Belakangan setelah Benua Tunu dikuasai Raja Tan Kuala sekitar
tahun 1669 datang-lah Raja Po Nita bersama rombongan yang menggugat
tentang silsilah bahwa beliau adalah keturunan Raja Muda Sedia (Raja
Islam Tamiang yang pertama) dengan bukti menunjukkan surat dan sislsilah
yang lengkap.Akibatnya terjadi perang saudara antara rakyat Tanjong
Karang dengan yang mengakui Raja Tan Kuala sebagai Raja Tamiang dan
rakyat di Benua Tunu mendukung Raja Penita ( Po Nita) sebagai Raja
Tamiang, sehingga perang saudara pecah dan banyak memakan korban jiwa.
Kelanjutan dari kekuasaan antara Raja Tan Kuala dengan Raja
Penita berakhir dengan campur tangannya Sultan Aceh yang pada saat itu
dipimpin seorang ratu yang bernama Ratu Kemalat Syah.Hasil dari
intervensi ratu tersebut diputuskan negeri Tamiang dipecah menjadi dua
daerah lagi. Raja Tan Kuala sebagai raja yang berkuasa di daerah Sungai
Simpang Kanan dan Raja Penita berkuasa di wilayah Sungai Simpang Kiri.
Banyak peristiwa lanjutan dari kedua kerajaan tersebut hingga masa penjajahan Belanda sampai merdeka. Belakangan Negeri Tamiang
menjadi bagian dari Wilayah Aceh Timur yang berstatus Pembantu Bupati
Wilayah III yang pusat pemerintahannya Kota Kuala Simpang.Selanjutnya 11
Maret 2002 Wilayah Tamiang disyahkan DPR-RI menjadi Kabupaten Aceh
Tamiang melalui UU NO 4 Tahun 2002 tentang pemekaran Kabupaten Aceh
Tamiang.
Masa Awal Pembentukan Tamiang
Bukti adanya Negeri Tamiang adalah bersumber dari data-data sejarah,
seperti dalam Prasasti Sriwijaya, buku Wee Pei Shih yang mencatat Negeri
Kan Pei Chiang (Tamiang), dan buku Nagarakretagama yang menyebut
"Tumihang", serta benda-benda peninggalan budaya yang terdapat pada
situs Tamiang.
Pada tahun 960, di wilayah Aceh Timur telah berkuasa seorang raja
di Negeri Tamiang bernama Tan Ganda. Negeri ini berpusat di Bandar
Serangjaya. Bandar ini pernah diserang oleh Raja Indra Cola I yang
menyebabkan Raja Tan Ganda meninggal. Anak Raja Tan Ganda, Tan Penuh
berhasil melarikan diri dari serangan itu. Ketika kondisi Negeri Tamiang
telah aman, ia memindahkan pusat pemerintahan ke daerah pedalaman,
yaitu Bandar Bukit Karang, di dekat Sungai Simpang Kanan. Sejak saat
pemindahan itu, maka mulai berdirilah Kerajaan Bukit Karang dengan
raja-rajanya sebagai berikut: Tan Penuh (1023-1044); Tan Kelat
(1044-1088); Tan Indah (1088-1122); Tan Banda (1122-1150); dan Tan Penok
(1150-1190).
Sepeninggalan Tan Penok, karena tidak mempunyai anak kandung,
maka anak angkatnya bernama Pucook Sulooh diangkat sebagai raja yang
menggantikan dirinya. Sejak saat itu, Kerajaan Bukit Karang dikuasai
oleh Dinasti Sulooh, dengan rara-rajanya sebagai berikut: Raja Pucook
Sulooh (1190-1256); Raja Po Pala (1256-1278); Raja Po Dewangsa
(1278-1300); dan Raja Po Dinok (1300-1330).

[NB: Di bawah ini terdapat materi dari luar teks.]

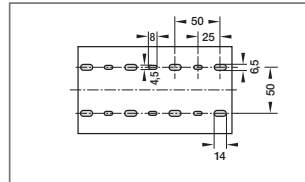

Bodemperforatie EN 50085 voor breedte 80,100,120 mm

Pada akhir pemerintahan Raja Po Dinok (1330), sebuah rombongan para da‘i
yang dikirim oleh Sultan Ahmad Bahian Syah bin Muhammad Malikul Thahir
(1326-1349) dari Samudera Pasai tiba di Tamiang. Kedatangan para da‘i
itu tidak mendapat respon positif oleh Raja Po Dinok. Ia menyerang
rombongan tersebut yang menyebabkan dirinya tewas di medan perang. Sejak
saat itulah, Islam mulai berkembang di Tamiang.

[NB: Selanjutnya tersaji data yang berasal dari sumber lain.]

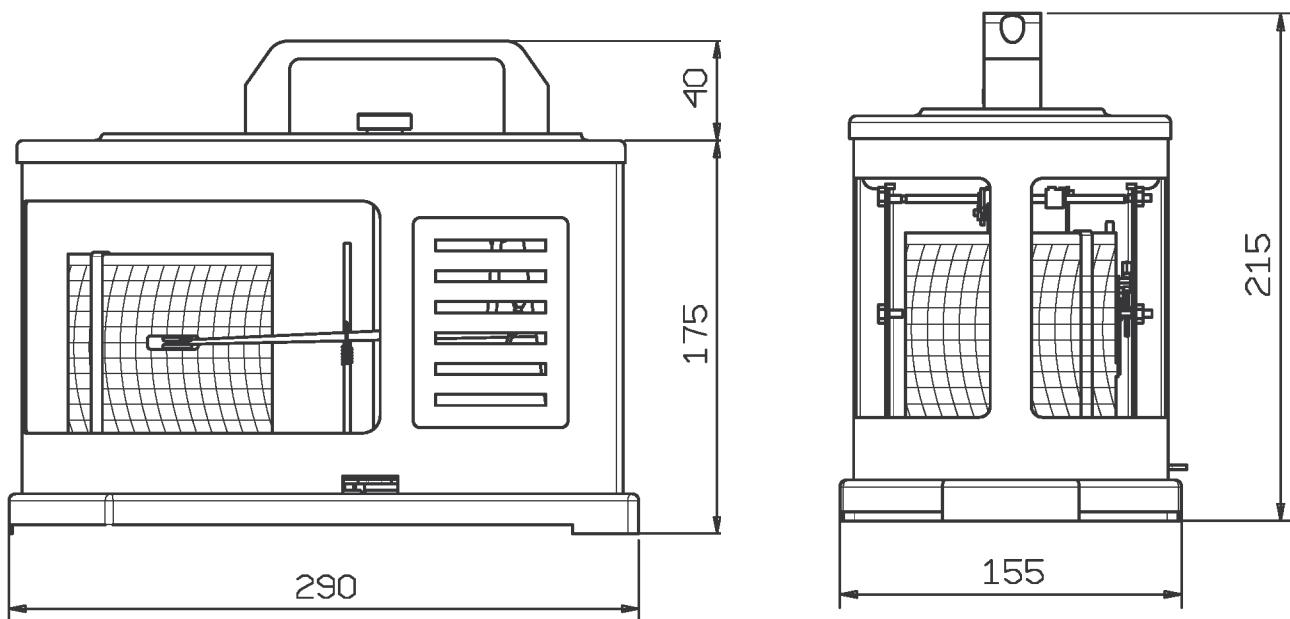

REGISTRATORE DI TEMPERATURA TT/03

DESCRIZIONE GENERALE

Il termografo TT/03 è un registratore di temperatura portatile a tamburo, la registrazione avviene per mezzo di un pennino su carta diagrammatica avvolgente il tamburo rotante. La rotazione e registrazione può essere di tipo giornaliera e settimanale, meccanico o batteria.

Via Ca' Treviglio N° 1/3 24040 Pontirolo Nuovo Tel. 0363 880123 Fax. 0363 881133

Sito internet: www.termaf.it e-mail. info@termaf.it

DIMENSIONI

Dimensioni espresse in mm

CARATTERISTICHE COSTRUTTIVE

Elemento di misura temperatura: Bimetallo tipo Bourdon

Trasparente: Plexiglass

Sistema di scrittura: Pennino in fibra sintetica riempito di inchiostro facilmente sostituibile con un'autonomia di scrittura di 150 mt.

Cassa e coperchio: Acciaio inox 304 brillantato con un'alta resistenza all'agenti atmosferici e ai fumi industriali

Masa Kesultanan Benua Tamiang
Proses islamisasi di Tamiang berlangsung relatif singkat. Setelah
masuknya rombongan da‘i ke Tamiang dan melakukan dakwah keagamaan,
banyak rakyat Tamiang yang kemudian memeluk Islam. Berdasarkan
kesepakatan antara Sultan Ahmad Bahian Syah dengan para bangsawan dan
rakyat Tamiang yang telah memeluk Islam, maka ditunjuklah Sultan Muda
Setia sebagai Sultan I di Kesultanan Benua Tamiang (1330-1352). Dengan
demikian, kesultanan ini mulai berdiri pada tahun 1330. Pusat
pemerintahan kesultanan ini letaknya kini di Kota Kualasimpang.
Di akhir pemerintahan Sultan Muda Setia (1352), Kesultanan Benua
Tamiang diserang oleh Kerajaan Majapahit. Mangkubumi Muda Sedinu
ternyata mampu mengatasi serangan tersebut, meski kondisi Kesultanan
Benua Tamiang sempat porak-poranda. Atas kemampuannya tersebut,
Mangkubumi Muda Sedinu dipercaya menggantikan kedudukan Sultan Muda
Sedia pada tahun 1352, namun bukan dalam kedudukannya sebagai sultan,
hanya sebagai pemangku sultan saja. Pada masa pemerintahan Muda Sedinu
ini, pusat pemerintahan kesultanan dipindahkan ke Pagar Alam (kini
letaknya sekitar daerah Simpang Jenih) karena alasan keamanan dan
pertahanan. Pemerintahan Muda Sedinu berakhir pada tahun 1369.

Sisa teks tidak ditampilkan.